| WHAT IS NEEDED |
Without the pictures, give the entries below again exactly as written.

| SUPPLIED RECORDS |
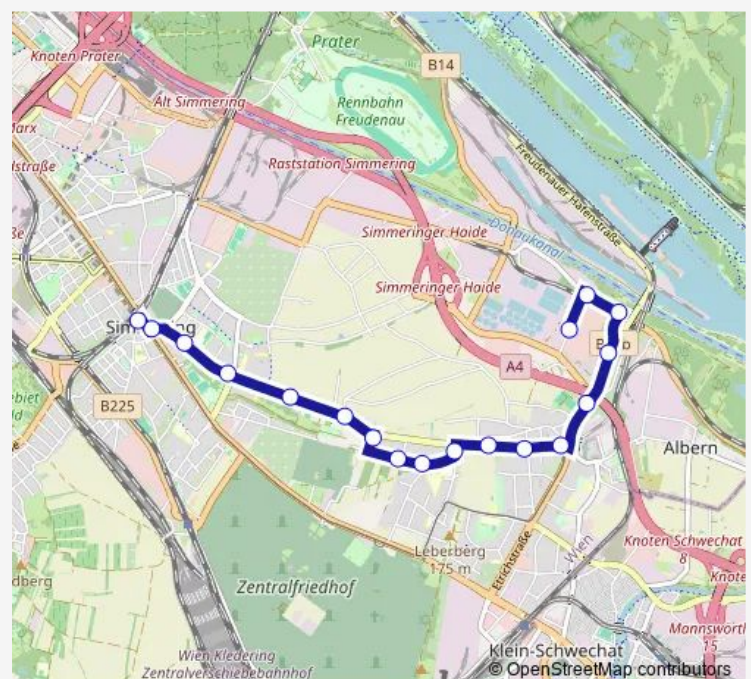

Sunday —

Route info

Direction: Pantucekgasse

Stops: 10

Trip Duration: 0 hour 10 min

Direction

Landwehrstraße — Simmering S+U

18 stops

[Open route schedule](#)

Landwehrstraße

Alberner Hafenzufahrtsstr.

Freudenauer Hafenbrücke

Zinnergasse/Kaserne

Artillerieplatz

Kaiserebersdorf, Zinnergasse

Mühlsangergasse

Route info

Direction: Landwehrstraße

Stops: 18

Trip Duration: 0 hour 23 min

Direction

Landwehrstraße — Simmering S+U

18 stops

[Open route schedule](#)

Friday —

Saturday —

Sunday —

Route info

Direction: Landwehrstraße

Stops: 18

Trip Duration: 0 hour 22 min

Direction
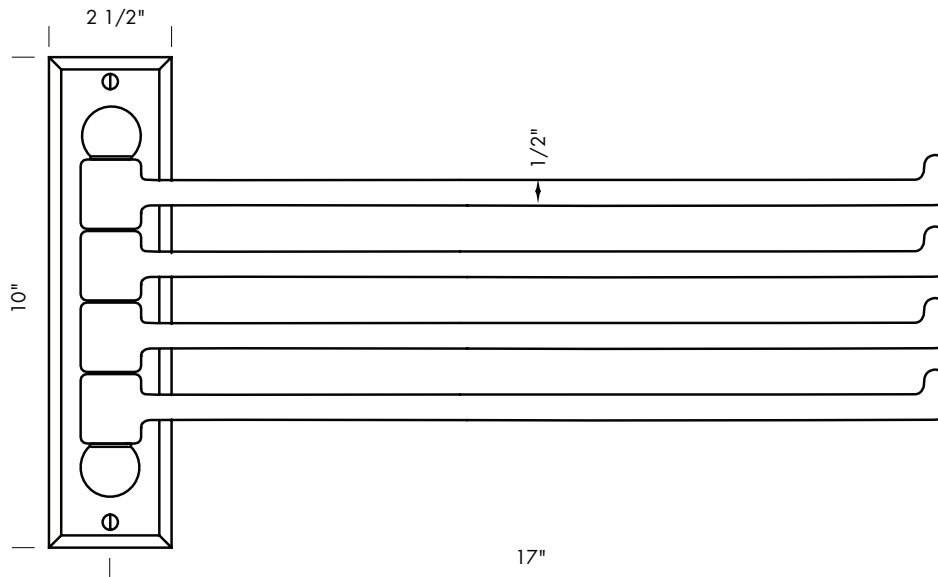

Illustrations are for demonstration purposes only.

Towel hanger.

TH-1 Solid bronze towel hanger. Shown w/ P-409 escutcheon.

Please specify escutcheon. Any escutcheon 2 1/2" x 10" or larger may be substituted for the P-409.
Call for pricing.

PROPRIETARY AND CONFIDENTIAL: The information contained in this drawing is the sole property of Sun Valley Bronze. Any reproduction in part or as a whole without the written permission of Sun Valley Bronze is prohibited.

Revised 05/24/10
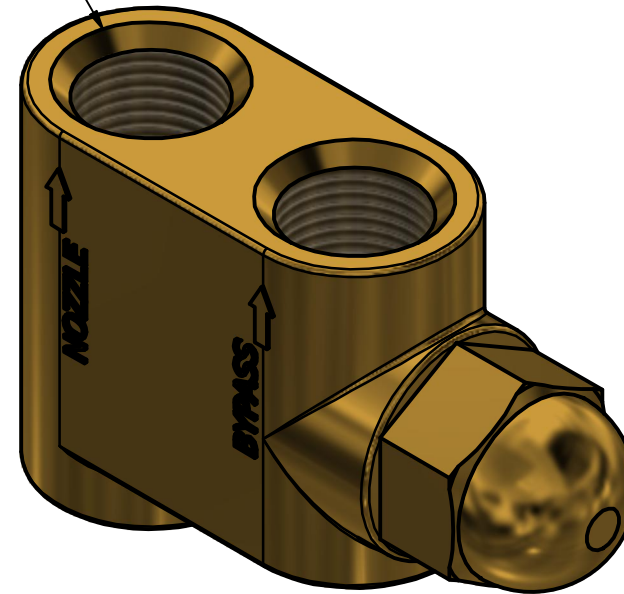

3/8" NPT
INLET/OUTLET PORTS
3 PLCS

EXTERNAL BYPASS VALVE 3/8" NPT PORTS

| EXPECTED ANSWER |
Sunday —

Route info

Direction: Pantucekgasse

Stops: 10

Trip Duration: 0 hour 10 min

Direction

Landwehrstraße — Simmering S+U

18 stops

[Open route schedule](#)

Landwehrstraße

Alberner Hafenzufahrtsstr.

Freudenauer Hafenbrücke

Zinnergasse/Kaserne

Artillerieplatz

Kaiserebersdorf, Zinnergasse

Mühlsangergasse

Route info

Direction: Landwehrstraße

Stops: 18

Trip Duration: 0 hour 23 min

Direction

Landwehrstraße — Simmering S+U

18 stops

[Open route schedule](#)

Friday —

Saturday —

Sunday —

Route info

Direction: Landwehrstraße

Stops: 18

Trip Duration: 0 hour 22 min

Direction

Illustrations are for demonstration purposes only.

Towel hanger.

TH-1 Solid bronze towel hanger. Shown w/ P-409 escutcheon.

Please specify escutcheon. Any escutcheon 2 1/2" x 10" or larger may be substituted for the P-409.
Call for pricing.

PROPRIETARY AND CONFIDENTIAL: The information contained in this drawing is the sole property of Sun Valley Bronze. Any reproduction in part or as a whole without the written permission of Sun Valley Bronze is prohibited.

Revised 05/24/10

3/8" NPT
INLET/OUTLET PORTS
3 PLCS

EXTERNAL BYPASS VALVE 3/8" NPT PORTS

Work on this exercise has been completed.